##### Material supplied #####

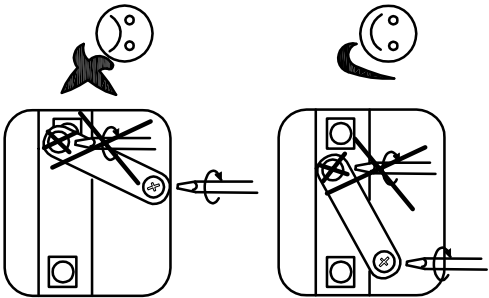

1 Person

15
Min.

Beleuchtungskabelloch!!

6

17

OPTIONAL - LED Band 50cm - 2er set

KABEL
LED strip
direkt an Leiste kleben

OPTION	
025031ZB_Band 005091ZB Mem.Funk	
x1	x1

Modellname: **GIRONA**

OPTIONAL
BELEUCHTUNG

1 Person

15
Min.

2.

Optional:

LED Überlängen sind bei Bedarf zu kürzen.

3.

Montage- und Betriebsanleitung
für Leuchte "LED Spot Set"

Beleuchtungskabelloch!!

OPTION		
05021ZB_Tratio	05021ZB_LED	005091ZB
 x1	 x1	 x1

#####

* Aim of the task *
Copy out the listing word for word and skip its pictures.

* Result for this task *
1 Person

15
Min.

Beleuchtungskabelloch!!

6

17

OPTIONAL - LED Band 50cm - 2er set

KABEL
LED strip
direkt an Leiste kleben

OPTION	
025031ZB_Band 005091ZB Mem.Funk	
x1	x1

Modellname: **GIRONA**

OPTIONAL
BELEUCHTUNG

1 Person

15
Min.

2.

Optional:

LED Überlängen sind bei Bedarf zu kürzen.

3.

Montage- und Betriebsanleitung
für Leuchte "LED Spot Set"

Beleuchtungskabelloch!!

OPTION		
05021ZB_Tratio	05021ZB_LED	005091ZB
 x1	 x1	 x1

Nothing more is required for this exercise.